4

I have data on every interaction that could and did happen at a university club weekly social hour

A sample of my data is as follows

structure(list(from = structure(c(1L, 1L, 1L, 1L, 1L, 1L, 2L, 
2L, 2L, 2L, 2L, 2L, 3L, 3L, 3L, 3L, 3L, 3L), .Label = c("A", 
"B", "C"), class = "factor"), to = structure(c(2L, 3L, 2L, 3L, 
2L, 3L, 1L, 3L, 1L, 3L, 1L, 3L, 1L, 2L, 1L, 2L, 1L, 2L), .Label = c("A", 
"B", "C"), class = "factor"), timestalked = c(0L, 1L, 0L, 4L, 
1L, 2L, 0L, 1L, 0L, 2L, 1L, 0L, 1L, 2L, 1L, 0L, 0L, 0L), week = structure(c(1L, 
1L, 3L, 3L, 2L, 2L, 1L, 1L, 3L, 3L, 2L, 2L, 1L, 1L, 3L, 3L, 2L, 
2L), .Label = c("1/1/2010", "1/15/2010", "1/8/2010"), class = "factor")), .Names = c("from", 
"to", "timestalked", "week"), class = "data.frame", row.names = c(NA, 
-18L))

I am trying to calculate network statistics such as centrality for A,B,C for each individual week, the last two weeks, and year to date. The only way I have gotten this to work is by manually breaking up the file in the time unit I want to analyze but there has to be a less labourious way, I hope.

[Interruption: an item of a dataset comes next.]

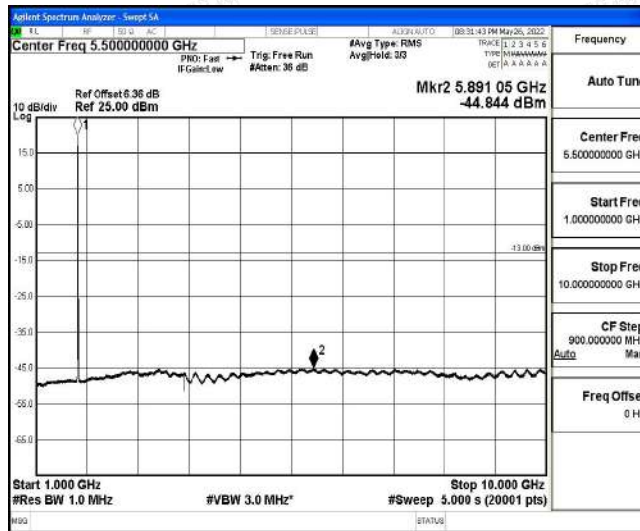

Band66-10MHz-16QAM-132322-1RB#0-Range4:1000~10000MHz

Band66-10MHz-16QAM-132322-1RB#0-Range5:10000~20000MHz

When timestalked is 0 this should be treated as no edge

The output would produce a .csv with the following:

actor  cent_week1 cent_week2 cent_week3 cent_last2weeks cent_yeartodate
 A       
 B
 C 

with cent_week1 being 1/1/2010 centrality; cent_last2weeks being just considering 1/8/2010 and 1/15/2010; and cent_yeartodate being all of the data being considered at once. This is being applied to a MUCH larger dataset of millions of observations.

CJ12
  • 487
  • 2
  • 10
  • 28
  • Post what you have tried so far that didn't work, and copy and paste the output of `dput(my_data)` instead of the way you have it formatted now. – acylam Oct 27 '17 at 13:23
  • @useR I have spent days searching the web and looking at tutorials with no luck. I resorted to manually breaking the csv intro hundreds of subfiles using C++. I then ran the needed analysis. So it is all done but for closure I think this is an important issue to have resolvement on. I understand if no one in the community knows how to do it. – CJ12 Oct 27 '17 at 13:25
  • I don't think it's the fact that this question is too difficult. I'm sure _someone_ knows how to solve it. It's how you formatted your data that makes it hard for people to work with (read this https://stackoverflow.com/a/5963610/5150629). If you want to get helpful answers, at least post data that people can work with by copy and pasting the output of `dput(my_data)` as well as provide what you expect the final output to look like. – acylam Oct 27 '17 at 13:31
  • @useR Makes sense, updated – CJ12 Oct 27 '17 at 14:06
  • is this the sort of thing you want: to get a graph for each time slot `b = by(d, d$week, FUN=graph_from_data_frame)`, and then run functions over them `sapply(b, function(x) eigen_centrality(x, weights = E(x)$timestalked)$vector)` (not sure if thats sensible) – user20650 Oct 29 '17 at 23:52
  • @user20650 This seems in line with what I am asking for, which boils down to a dataset that looks like the output in my question. If could could turn the comment into an answer doing that, this would suffice. The ability to graph by week and cumulatively would also be helpful. – CJ12 Oct 30 '17 at 14:46
  • Could you tell us if @user20650's answer is satisfactory? – nghauran Oct 30 '17 at 16:52
  • @ANG It is not no, as it does not produce the desired output – CJ12 Oct 30 '17 at 17:36
  • @CJ12, please could you give more precisions concerning `week1`, `week2`, `week3`, `last2weeks` and `yeartodate`? `week1 == 1/1/2010`? `week2 == 1/8/2010`? `last2weeks == `?... – nghauran Oct 30 '17 at 17:49
  • @ANG Added more detail – CJ12 Oct 30 '17 at 18:03
  • @user20650 Sorry do not follow your comment. Feel free to post an answer that produce the above output – CJ12 Oct 30 '17 at 23:28

4 Answers4

1

Can't comment, so I'm writing an "answer". If you want to perform some mathematical operation on timestalked and get values by the from (didn't find any variable called actor in your example), here's a data.table approach that can be helpful:

dat <- as.data.table(dat) # or add 'data.table' to the class parameter
dat$week <- as.Date(dat$week, format = "%m/%d/%Y")
dat[, .(cent = mean(timestalked)), by = list(from, weeknum = week(week))]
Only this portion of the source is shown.